- **WHAT IS NEEDED**: How many lines in the data below include the word "strane"? Respond with the number, nothing more.

Dataset records
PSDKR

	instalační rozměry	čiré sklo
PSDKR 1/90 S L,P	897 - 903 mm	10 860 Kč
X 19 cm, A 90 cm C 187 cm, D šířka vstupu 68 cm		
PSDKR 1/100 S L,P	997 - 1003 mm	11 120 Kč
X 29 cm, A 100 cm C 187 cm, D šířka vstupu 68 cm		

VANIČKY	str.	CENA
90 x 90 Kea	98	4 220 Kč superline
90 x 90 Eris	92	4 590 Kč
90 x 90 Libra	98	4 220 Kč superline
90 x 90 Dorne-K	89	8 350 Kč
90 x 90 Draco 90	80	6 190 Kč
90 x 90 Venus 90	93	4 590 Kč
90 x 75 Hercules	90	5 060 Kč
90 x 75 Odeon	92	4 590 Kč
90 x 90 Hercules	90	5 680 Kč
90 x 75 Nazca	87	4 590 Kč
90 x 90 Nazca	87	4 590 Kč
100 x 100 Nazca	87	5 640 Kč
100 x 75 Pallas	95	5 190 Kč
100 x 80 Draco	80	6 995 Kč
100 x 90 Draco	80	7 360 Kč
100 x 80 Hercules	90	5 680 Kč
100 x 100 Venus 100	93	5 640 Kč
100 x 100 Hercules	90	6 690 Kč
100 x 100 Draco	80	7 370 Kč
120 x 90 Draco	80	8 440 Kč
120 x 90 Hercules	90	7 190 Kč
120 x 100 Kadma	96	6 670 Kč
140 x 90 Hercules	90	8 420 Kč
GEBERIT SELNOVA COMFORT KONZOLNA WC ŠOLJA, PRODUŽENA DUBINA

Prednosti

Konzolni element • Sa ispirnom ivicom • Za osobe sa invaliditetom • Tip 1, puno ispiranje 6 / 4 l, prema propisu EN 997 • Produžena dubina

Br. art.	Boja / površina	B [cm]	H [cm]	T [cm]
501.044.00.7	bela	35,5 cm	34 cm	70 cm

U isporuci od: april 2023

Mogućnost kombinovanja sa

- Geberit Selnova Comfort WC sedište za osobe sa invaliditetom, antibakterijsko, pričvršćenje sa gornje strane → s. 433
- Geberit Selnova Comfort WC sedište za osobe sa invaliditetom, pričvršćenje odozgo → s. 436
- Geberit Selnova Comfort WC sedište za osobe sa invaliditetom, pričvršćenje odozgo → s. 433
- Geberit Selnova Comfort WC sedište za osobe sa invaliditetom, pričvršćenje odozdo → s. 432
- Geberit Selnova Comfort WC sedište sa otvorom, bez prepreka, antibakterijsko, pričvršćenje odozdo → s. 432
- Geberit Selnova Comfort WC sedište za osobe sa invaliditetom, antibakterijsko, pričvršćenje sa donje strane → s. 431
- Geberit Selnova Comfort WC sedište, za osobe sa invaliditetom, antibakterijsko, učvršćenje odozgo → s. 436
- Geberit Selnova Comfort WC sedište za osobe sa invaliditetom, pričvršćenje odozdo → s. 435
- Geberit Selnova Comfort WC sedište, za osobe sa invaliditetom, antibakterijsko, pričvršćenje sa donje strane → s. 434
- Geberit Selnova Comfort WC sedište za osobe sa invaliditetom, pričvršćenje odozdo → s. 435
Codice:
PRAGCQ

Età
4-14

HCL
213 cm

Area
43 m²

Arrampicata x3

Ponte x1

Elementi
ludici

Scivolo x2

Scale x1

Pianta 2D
...
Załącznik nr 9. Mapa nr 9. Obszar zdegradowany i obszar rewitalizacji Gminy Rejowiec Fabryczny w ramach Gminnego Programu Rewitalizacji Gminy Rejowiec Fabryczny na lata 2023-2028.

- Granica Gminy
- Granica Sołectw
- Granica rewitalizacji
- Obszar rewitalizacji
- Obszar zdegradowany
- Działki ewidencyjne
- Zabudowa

- **WRITTEN ANSWER**: 3